Poor model fit due to limitations of the data set caused bias in the abundance estimates from the Poisson N-mixture models. Violations of parametric modeling assumptions can result in severe underestimation when abundance values are overdispersed (Knape et al. 2018), and the overdispersion parameters were high for all the Poisson N-mixture models in our analysis. To address the overdispersion in our data set, we fit negative binomial N-mixture models but were unable to obtain stable abundance estimates from these models. Negative binomial N-mixture models are more likely to result in unstable estimates or unidentifiable parameters, despite often showing better model fit than Poisson N-mixture models (Kéry and Royle 2015; Kéry 2018). Overdispersion also appeared to influence bias in the abundance estimates in our simulations. The N-mixture models generally underestimated abundance relative to the known simulated data sets, indicating that using N-mixture models to estimate abundance of trout in the Yellowstone River would result in biased abundance estimates. Reporting the estimates from the N-mixture models and proceeding with the simulation analysis despite indications of poor model fit provided a more complete understanding of how violations of model assumptions can affect resulting estimates and underscored the importance of assessing model fit, particularly when exploring new analytical approaches.
In addition to overdispersion, unmodeled heterogeneity in capture probability likely contributed to the bias in the N-mixture abundance estimates. Variation in capture probability is caused by numerous factors when electrofishing including environmental conditions, crew experience, electrofishing equipment and settings, and fish abundance and behavior (Tsuboi and Endou 2008; Benejam et al. 2012; Hangsleben et al. 2013). Thus, despite sampling under relatively constant conditions, it is unlikely that capture probability was constant across our long-term data set (Figure S4). Unmodeled heterogeneity in capture probability can cause bias in abundance estimates when using N-mixture models, and the bias can be more severe when capture probabilities are low, which is common in fisheries sampling (Barker et al. 2018; Duarte et al. 2018; Link et al. 2018). We attempted to account for variation in capture probability using discharge; however, this resulted in high estimates of capture probability and low estimates of abundance for all species and sites. The estimates of capture probability were much higher than is typical for electrofishing surveys and were unrealistically high for some sites and species (i.e., 0.95 for Yellowstone Cutthroat Trout at Corwin Springs). The high capture-probability estimates are likely due to a relatively weak relationship between river discharge and capture probability at moderate values of discharge (approximately 56–142 m3/s), which is when most of the surveys were conducted (Figure S4). We hypothesize that capture probability is more strongly influenced by turbidity than by discharge (Korman and Yard 2017); however, there is no long-term turbidity data set for the upper Yellowstone River. Incorporating environmental covariates, such as turbidity, could improve N-mixture abundance estimates for other fish populations and could be considered when using N-mixture models to analyze other long-term data sets. However, in the data set from the upper Yellowstone River, overdispersion will compromise the model fit even if covariates are used to account for the heterogeneity in capture probability. Both overdispersion and variable capture probabilities were present in the data set from the upper Yellowstone River; thus, the current data set is unsuitable for use with N-mixture models.
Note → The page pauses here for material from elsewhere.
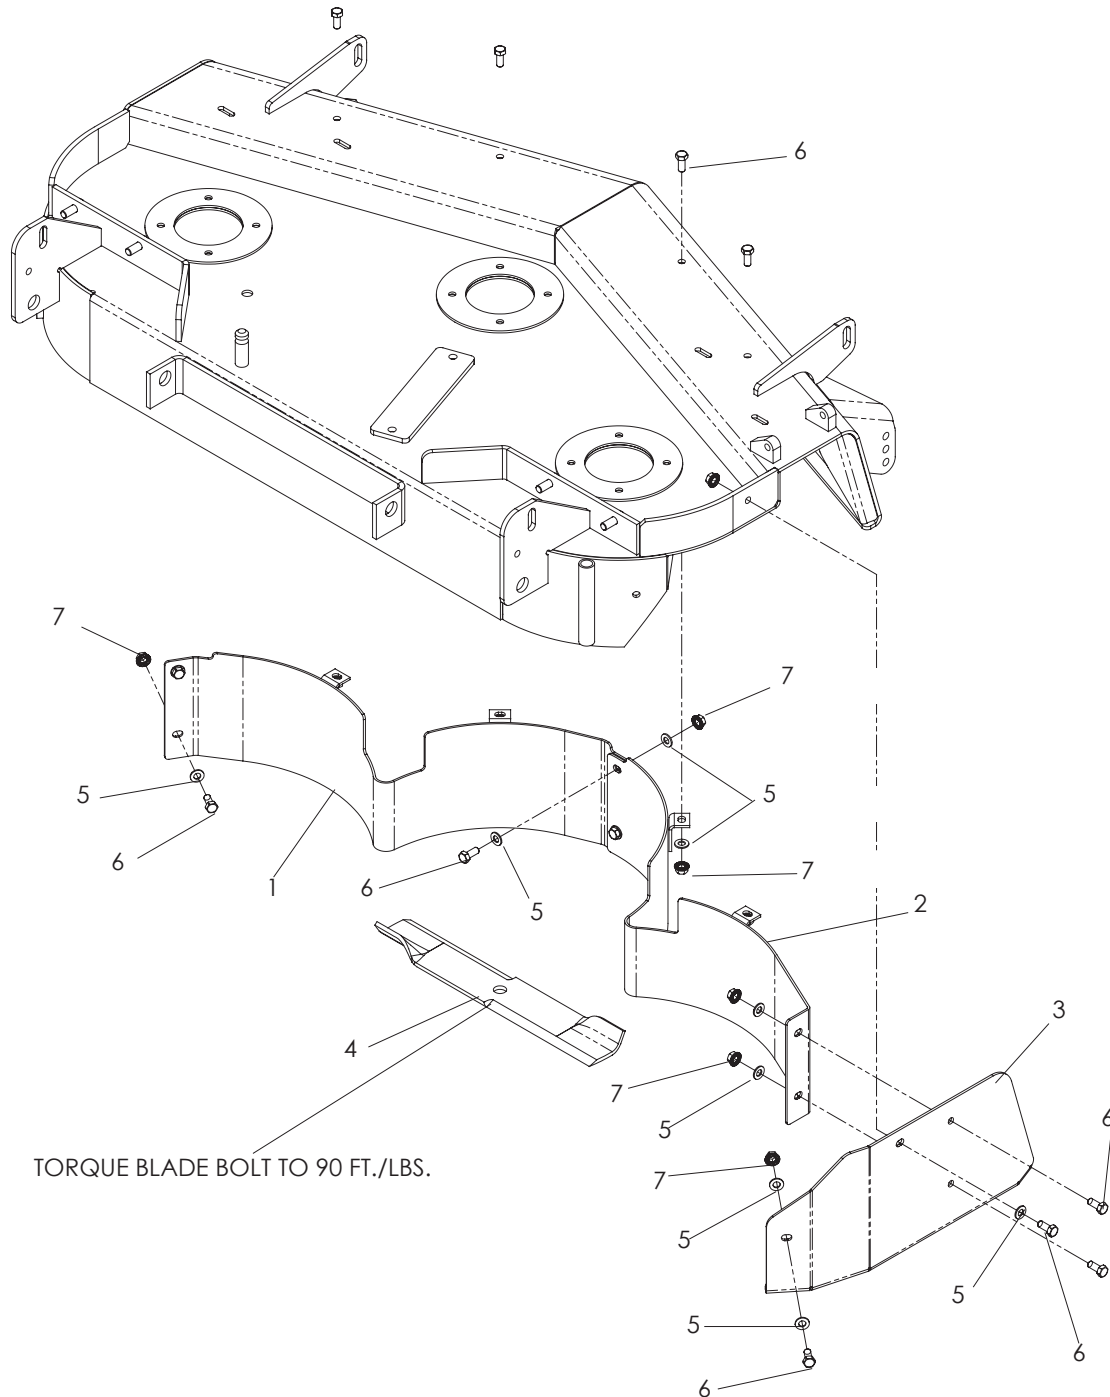

ACCESSORIES

MULCH KIT 72" PART NO. 539111354

NOTE: TIGHTEN ALL HARDWARE BY TURNING THE BOLT, NOT THE NUT.

Using N-mixture models to estimate the abundance of fish often utilizes large spatial replication and a suite of covariates to model capture probability across space and time (Mollenhauer and Brewer 2017; Som et al. 2018; Huntsman et al. 2022). N-mixture models have been used to assess microhabitat use by juvenile salmonids (Som et al. 2018) and estimate the abundance of Smallmouth Bass Micropterus dolomieu in streams (Mollenhauer and Brewer 2017). Both studies used covariates, including environmental conditions and habitat characteristics, to account for variation in capture probability. Covariates may also be used to model variation in abundance, especially in studies with high spatial replication (Acre et al. 2020). Future use of N-mixture models to monitor trout populations in Montana may be more feasible in systems where count data are collected across a larger spatial scale than in our study and in systems where a larger suite of covariates is available, allowing for spatial and temporal variation in capture probability to be modeled more effectively.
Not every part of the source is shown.